Monday, Jun. 01, 1942
The Hero As An Army
MEN ON BATAAN-John Hersey-Knopf ($2.50).
For a hero-hungry U.S., TIME Editor John Hersey has written the first important life of General Douglas MacArthur. It is seldom easy to write the life of a hero, especially when that hero is also an army. Who was the hero of the Battle of Bataan? Author Hersey answers this biographical question by writing two books in one.
Book No. 1 is the biography of Douglas MacArthur. There are flashes of MacArthur's father, Arthur MacArthur, who fought for the Union at Missionary Ridge, who was the last military governor of the Philippines. There are flashes of young Douglas hurrying every day to meet his mother on West Point's Flirtation Walk or being helped by her to escape from the West Point hotel through a coal chute when he was caught out of bounds. There is MacArthur commanding the Rainbow Division in 1917, leading attacks in person. There is MacArthur in Washington obeying orders by clearing out the Bonus Marchers, but dropping in on their camp of an evening to swap talk with his old Rainbow men and give them money.

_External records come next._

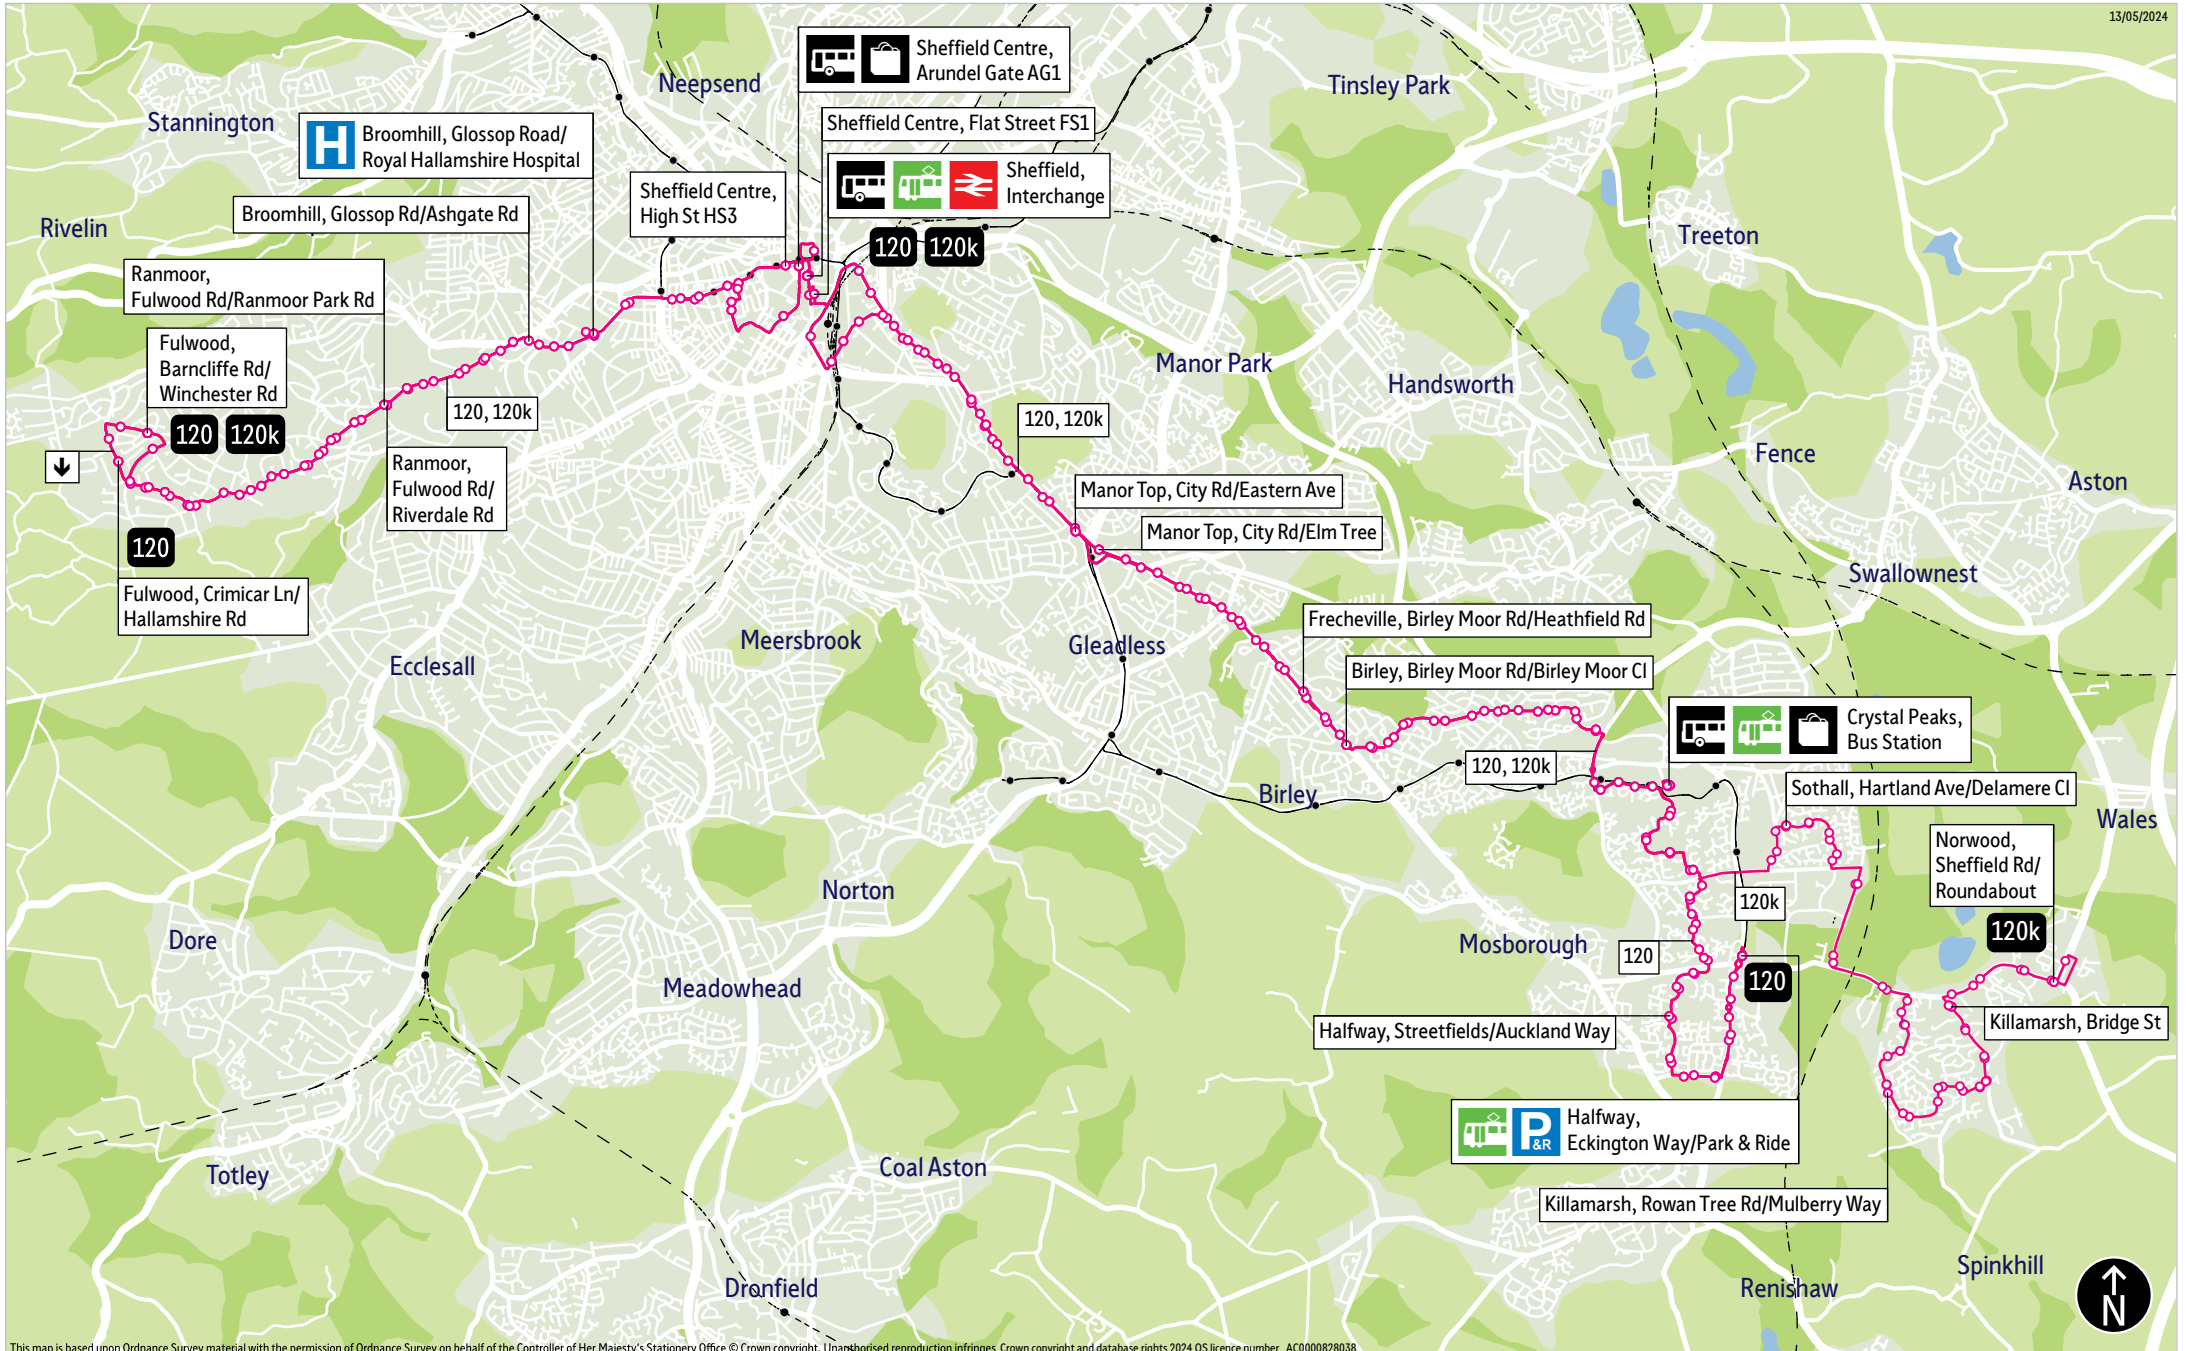

Bus route map for services 120 & 120k

- = Terminus point
- = Public transport
- = Shopping area
- = Bus route & stops
- = Rail line & station
- = Tram route & stop

There is MacArthur quietly picking Bataan as the ground on which to halt the Japanese, then calmly leading the struggle, calmly refusing to move for Japanese bombs, calmly leaving with his wife and four-year-old son in the high-powered speed boat (which had been his idea for Philippine naval defense), calmly waiting at the rendezvous for the planes from Australia, which were too few and almost too late. It is the picture of a hero who is brilliant, courageous, a great leader of soldiers, but also a little overambitious, a little garish, a little rhetorical.
This is how Author Hersey introduces General MacArthur when Manila had reached the incredible brink of war: "He had been first in his class at West Point and First Captain of the class, too. He had been the first member of the Rainbow Division. He had been the first American Army officer ever to become a Field Marshal. He had been the first American to be a four-star General twice. . . . He had always done his job with a flourish and well. . . . He had been handsome, and divorced, and sometimes rather colorfully dressed, and always full of splendid rhetoric. He had said the Philippines could be held and he had considered himself the man to do it. 'By God,' he had said in Manila, 'it was Destiny that sent me here!' He was the only one who had been so brilliant. He had better be good, they said; he had better be better than the enemy."
Book No. 2 is about MacArthur's men, the men of Bataan, "unafraid in their foxholes, good young men who loved their mothers and had all the usual hobbies, hunters, men who liked flowers, men who were good to their little sisters, men who could do the muscle grind and who were very active around their vicinity, never letting no one put nothing over on them."
This is how Hersey introduces the men who went through the first Japanese air attack: "The men, who had instinctively thrown themselves on the ground, stood up and dusted off. The Sergeant who had started a letter carefully folded the piece of paper, which had only 'Dear Mom' on it, and put it in his pocket. They all talked about the wind that bombs make, and how they felt. . . . They started loading their guns. They had never actually fired their guns before and they wished they could let a couple of rounds go just to get over the tenseness. But they held their fire until pursuits suddenly started swooping in. In the absence of the battery's Lieutenant, who was having lunch in the officers' mess, the Sergeant who had been running the radio shouted to the crew to stay low, keep calm and keep firing. . . . His sensations, by his own account later, took in everything from hot flashes to the calm a man feels only on the toilet seat. First he was scared. Then, when he had fired his gun for the first time, he felt very good, very sure of himself. . . .
"The Sergeant who worked the radio . .. was Joe Stanley Smith, and he was a New Mexican. Joe Stanley got his nose broken playing soldier with his older brother at the age of four. He grew up muscular, and he was all the neighbors' friend. The people of Carlsbad used to send for Joe Stanley when there was a drowning in the Pecos River, and Joe Stanley would go and swim strongly and take out the body. He had a big black dog, he liked to dance and he would box with anyone just for fun. He married a girl whose name was also Smith, and they had a baby, and the baby had three grandmothers all named Smith. 'He has a very pleasing personality,' his mother says. 'Clean, neat and good looking and everybody likes him very much, there's not a more popular boy anywhere.' "
The difference between these two pieces of writing is the difference between the two parts of the book. The biography of MacArthur is shrewdly and competently done. But when Author Hersey describes the men of Bataan and their battles, feeling and words blend in the unforced flow that is the pulse of music and writing.